> PROBLEM TO SOLVE: Among the entries below, only the lines starting at the one with "- am Kreisverkehr" and ending at the one with "### Von Richtung München", both included, are to be printed exactly.

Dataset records
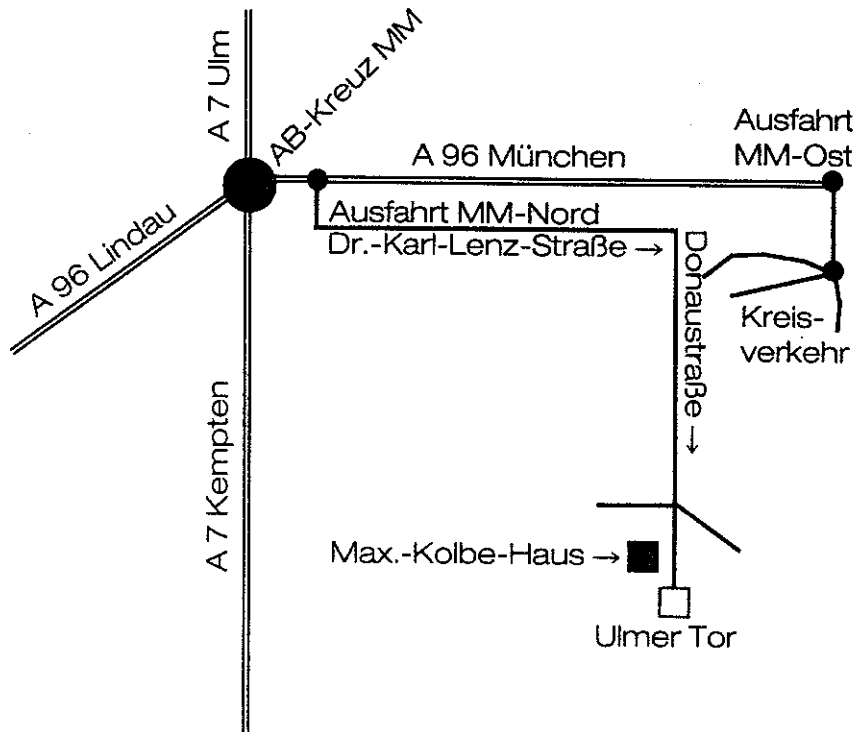

## Anfahrtsbeschreibung:

### Von Richtung Ulm, Lindau, Kempten:

- Ausfahrt Memmingen Nord, 1. Ampel links,
- am Kreisverkehr Richtung Gewerbegebiet Dr. Karl-Lenz-Straße, ganz durchfahren,
- bei Ampel „Kaufmarkt“ rechts in die Donaustraße einbiegen,
- geradeaus durchfahren.
- Das Maximilian-Kolbe-Haus liegt direkt vor dem Ulmer Tor

### Von Richtung München kommend:

- Ausfahrt Memmingen-Ost,
- Richtung Stadtmitte bis Kreisverkehr, rechts in den Schumacherring,
- 3. Ampel links in die Donaustraße, geradeaus durchfahren.
- Nach Ampelkreuzung geradeaus liegt rechts vor dem Ulmer Tor das Maximilian-Kolbe-Haus

## Fußweg vom Bahnhof zum Maximilian-Kolbe-Haus

- Vom Bahnhof stadteinwärts ca. 300 m die Maximilianstraße bis zur Kramerstraße (Fußgängerzone).
  - Dort rechts die Kramerstraße entlang (ca. 200 m) bis zum Ende der Fußgängerzone am Marktplatz.
  - Vom Marktplatz sehen Sie in nördlicher Richtung in ca. 300 m Entfernung das Ulmer Tor
  - Unmittelbar hinter dem Ulmer Tor befindet sich auf der linken Seite das Maximilian-Kolbe-Haus.
- Gehzeit ca. 10 – 15 Min.

> EXERCISE SOLUTION:
- am Kreisverkehr Richtung Gewerbegebiet Dr. Karl-Lenz-Straße, ganz durchfahren,
- bei Ampel „Kaufmarkt“ rechts in die Donaustraße einbiegen,
- geradeaus durchfahren.
- Das Maximilian-Kolbe-Haus liegt direkt vor dem Ulmer Tor

### Von Richtung München kommend:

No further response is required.